3. The page-column is queried using full length strings (no regexps or
wildcards). Will there be any performance issues if I have the
page-column indexed and then run wildcard-queries on it? What I mean
is, if I run wildcard-queries on this indexed column, will the index
be of any use at all?


--
- Rikard

Re: Pros / cons for indexing a small table

От
Josh Kupershmidt
Дата:
On Tue, Nov 10, 2009 at 6:25 AM, Rikard Bosnjakovic
<rikard.bosnjakovic@gmail.com> wrote:
> I'm having a simple table for managing hit counts on WWW. The table
> was setup some year ago using this:
>
> CREATE TABLE hit_counts (
>  page varchar(255),
>  hits integer,
>  last_visit timestamp,
>  id serial primary key
> );
>
> When updating a hit, I use this PHP-code:
>
>  $q = "SELECT hits FROM hit_counters WHERE page='$this_uri'";
>  $res = pg_query($db, $q);
>  if (pg_num_rows($res) == 0) {
>    $q = "INSERT INTO hit_counters (page) VALUES ('$this_uri')";
>  } else {
>    $row = pg_fetch_object($res);
>    $hits = $row->hits;
>    $hits++;
>    $q = "UPDATE hit_counters SET last_visit = (SELECT
> localtimestamp(0)), hits = $hits WHERE page='$this_uri'";
>  }
>  pg_query($db, $q);
>
[snip]
>
> 1. Since the id-column is never used, I will probably drop it to save
> some space. Or, is there any point in keeping it?

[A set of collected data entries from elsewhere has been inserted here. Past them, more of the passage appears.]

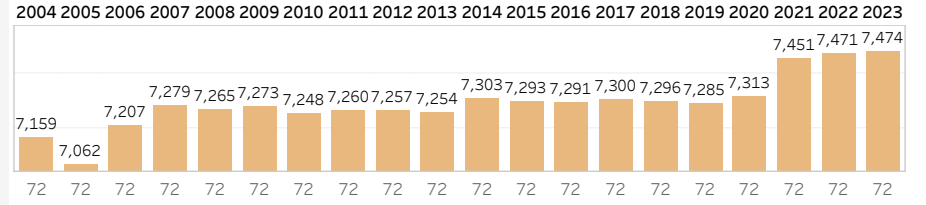

Hole Yardage

Par 3's

Average	L12 Mo	Delta
192	188	2.08%

Par 4's

Average	L12 Mo	Delta
445	432	3.00%

Par 5's

Average	L12 Mo	Delta
565	566	-0.11%

Driving Distance and Course Yardage Trends - Muirfield Village Golf Club

Course Yardage

Course Yardage - Actual

Driving Distance

Average Drive - ShotLink

TOUR Trends non-majors

Latest Event plotted and compared to various intervals of time. Within dashboard, cursor hover reveals previous event plots, and drop-down options are enabled. ...
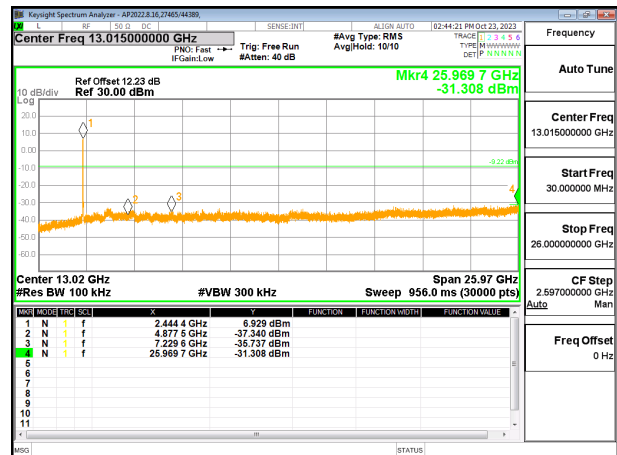

LOW CHANNEL 1 BANDEDGE CHAIN 1

OUT-OF-BAND LOW CHANNEL 1 CHAIN 1

IN-BAND REFERENCE LEVEL CHAIN 1

OUT-OF-BAND MID CHANNEL 1 CHAIN 1

HIGH CHANNEL 13 BANDEDGE CHAIN 1

OUT-OF-BAND HIGH CHANNEL 13 CHAIN 1

9.7.3. 802.11n HT20 MODE

2TX CHAIN 0 + CHAIN 1 MODE

LOW CHANNEL 1 BANDEDGE CHAIN 1

OUT-OF-BAND LOW CHANNEL 1 CHAIN 1

IN-BAND REFERENCE LEVEL CHAIN 1

OUT-OF-BAND MID CHANNEL 1 CHAIN 1

HIGH CHANNEL 13 BANDEDGE CHAIN 1

OUT-OF-BAND HIGH CHANNEL 13 CHAIN 1

9.7.4. 802.11n HT40 MODE

2TX CHAIN 0 + CHAIN 1 MODE

LOW CHANNEL 3 BANDEDGE CHAIN 0

OUT-OF-BAND LOW CHANNEL 3 CHAIN 0

IN-BAND REFERENCE LEVEL CHAIN 0

OUT-OF-BAND MID CHANNEL CHAIN 0

HIGH CHANNEL 11 BANDEDGE CHAIN 0
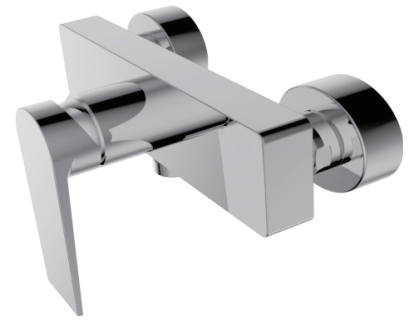

(Rough-in Dimensions):  
(Unit): mm

NF90304C-01

NF90304K-01

Item No.	NF90304C-01 / NF90304K-01
Available Color	Chrome
Materials	Brass
Cartridge	Φ35ceramic cartridge
Aerator	<input checked="" type="checkbox"/>
Standard pressure	0.3Mpa

Remarks: Matchable with different shower sets .
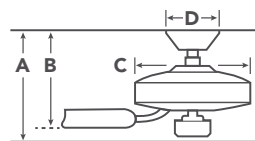

- 65K CoolTouch™ Transmitter – Limited Function 370005 (Shown)**

COORDINATING LIGHTING

To see more from the Circolo collection visit Kichler.com.

Chandelier 2344OZ

Chandelier 2347NI

HANGING MEASUREMENTS

| | | |
|---|---------------------------|-------|
| A | Fixture Drop from Ceiling | 10.5" |
| B | Blade Drop from Ceiling | 7.5" |
| C | Housing (Width) | 7" |
| D | Ceiling Canopy (Width) | 7" |
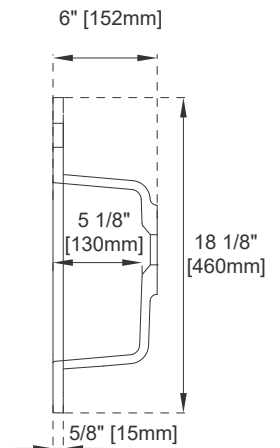

Certifications: ICC-ES PMG-1568

Dimension

Length: 23-5/8"

Width: 18-1/8"

Basin Depth: 5-1/8"

Basin Length: 19-5/8"

Basin Width: 10-1/4"

Overall Height: 6"

Profile Height: 5/8"

Drain Hole Size: 1-3/4"

23.6" SWB SERIES BASIN

JAMES MARTIN VANITIES

SWB-S23.6-CHB

SWB-S23.6-GW

Top View

Side View

Front View

All dimensions are nominal

Visit website for warranty and installation information
www.jamesmartinvanities.com
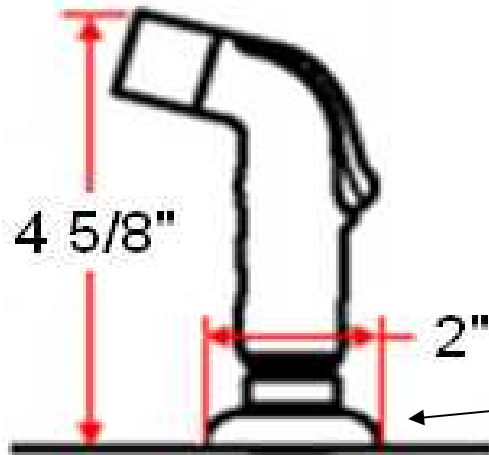

Premium Kitchen Sprayer

Specifications

Material: ABS

Dimensions

Side Sprayer Cradle is not included, shown in this picture.

Warranty & Compliances

Warranty: Lifetime Limited Warranty

Order Codes & Finishes/Colors

Satin Nickel (US15)	528281
Oil Rubbed Bronze (US10B)	528554
Polished Chrome (US26)	528273
Antique Copper	528299

Type:
Job:
Order Code:
Approvals:

Design House reserves the right to make changes in materials, specifications & models at any time. Design House also reserves the right to discontinue product without notice or obligation.

Drop it, and make column "page" your PRIMARY KEY. The way you have
that table declared now, you're implicitly using "page" as your
primary key anyway (i.e. lookups are done against "page", and your
code assumes page is unique), but you're not actually enforcing a
uniqueness constraint. In case other tables have FK references to
"hit_counts"."id", google for "keyvil" to understand the pitfalls of
using this surrogate key.

>
> 2. From what I've read in the manual and what other people have told
> me, creating an index can speed up table accessing. I tried by adding
> an index to the page-column in the above table. Then by using ANALYZE
> and EXPLAIN, the cost got reduced from 259 to 6 which I guess is a
> pretty big save although I'm not sure what the value really is. Is
> creating an index on 'page' the best way to speed up this particular
> table?
>

A unique index or primary key on page will help enforce database
integrity and probably speed up your queries as well.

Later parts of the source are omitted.